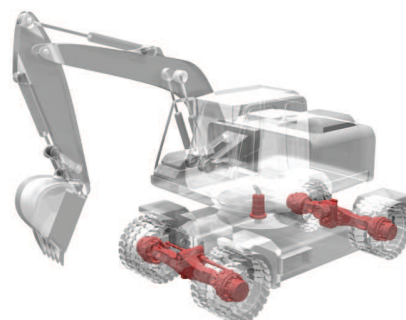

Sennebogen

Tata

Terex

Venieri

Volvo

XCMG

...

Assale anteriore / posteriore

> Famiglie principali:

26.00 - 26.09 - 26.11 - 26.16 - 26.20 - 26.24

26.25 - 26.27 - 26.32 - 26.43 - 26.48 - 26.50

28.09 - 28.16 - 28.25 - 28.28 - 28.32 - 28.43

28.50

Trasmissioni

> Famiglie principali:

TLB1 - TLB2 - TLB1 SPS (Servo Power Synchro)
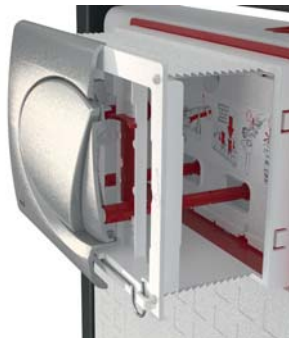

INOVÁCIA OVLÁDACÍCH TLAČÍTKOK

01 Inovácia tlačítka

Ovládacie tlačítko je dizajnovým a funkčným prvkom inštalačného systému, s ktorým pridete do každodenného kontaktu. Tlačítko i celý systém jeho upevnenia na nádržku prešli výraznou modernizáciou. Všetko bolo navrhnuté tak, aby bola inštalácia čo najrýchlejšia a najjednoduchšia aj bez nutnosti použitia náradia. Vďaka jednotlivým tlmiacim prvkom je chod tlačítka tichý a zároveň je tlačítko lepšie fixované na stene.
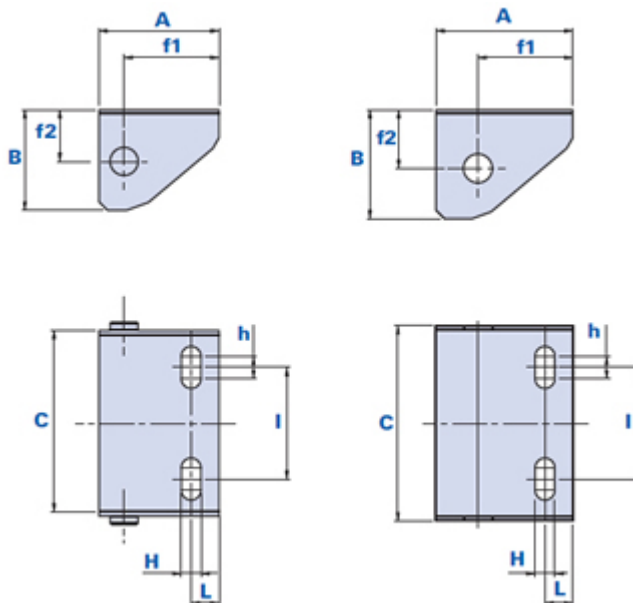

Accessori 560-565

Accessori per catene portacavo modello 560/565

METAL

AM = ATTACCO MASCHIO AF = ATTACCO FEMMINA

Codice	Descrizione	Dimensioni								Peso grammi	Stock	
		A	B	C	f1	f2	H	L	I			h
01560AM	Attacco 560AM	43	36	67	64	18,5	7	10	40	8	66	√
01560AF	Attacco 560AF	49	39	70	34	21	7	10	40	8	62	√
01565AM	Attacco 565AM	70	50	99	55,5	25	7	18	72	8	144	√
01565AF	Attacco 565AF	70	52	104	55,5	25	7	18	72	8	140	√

• • • •

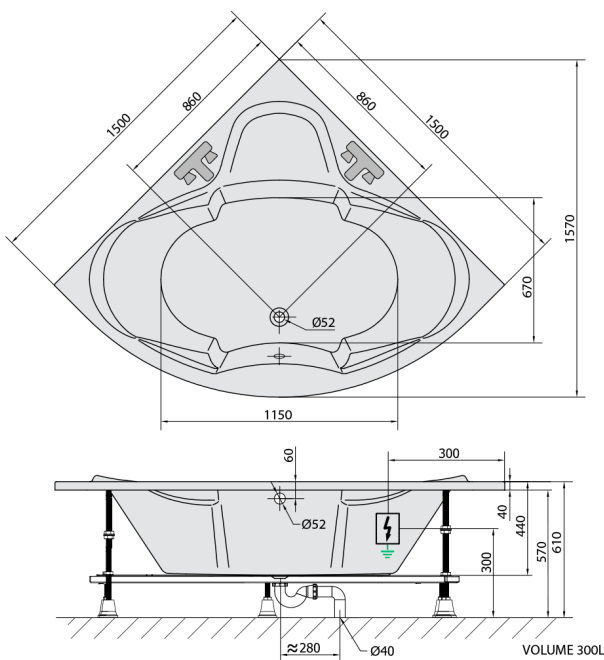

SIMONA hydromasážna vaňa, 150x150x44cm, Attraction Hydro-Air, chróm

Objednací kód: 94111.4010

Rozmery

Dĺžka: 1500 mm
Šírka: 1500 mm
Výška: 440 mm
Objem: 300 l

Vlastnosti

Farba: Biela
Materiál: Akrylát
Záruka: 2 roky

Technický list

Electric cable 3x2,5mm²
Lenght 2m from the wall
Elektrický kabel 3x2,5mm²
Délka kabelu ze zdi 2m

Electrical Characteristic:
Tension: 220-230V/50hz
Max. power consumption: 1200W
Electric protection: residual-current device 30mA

• • • •

■ Work to be completed ■
In the records above, find the line containing "Assale anteriore / posteriore" and the line containing "01 Inovácia tlačítka", then give both of them again word for word along with every line between. Omit any pictures.

■ Exercise result ■
Assale anteriore / posteriore

> Famiglie principali:

26.00 - 26.09 - 26.11 - 26.16 - 26.20 - 26.24

26.25 - 26.27 - 26.32 - 26.43 - 26.48 - 26.50

28.09 - 28.16 - 28.25 - 28.28 - 28.32 - 28.43

28.50

Trasmissioni

> Famiglie principali:

TLB1 - TLB2 - TLB1 SPS (Servo Power Synchro)

INOVÁCIA OVLÁDACÍCH TLAČÍTKOK

01 Inovácia tlačítka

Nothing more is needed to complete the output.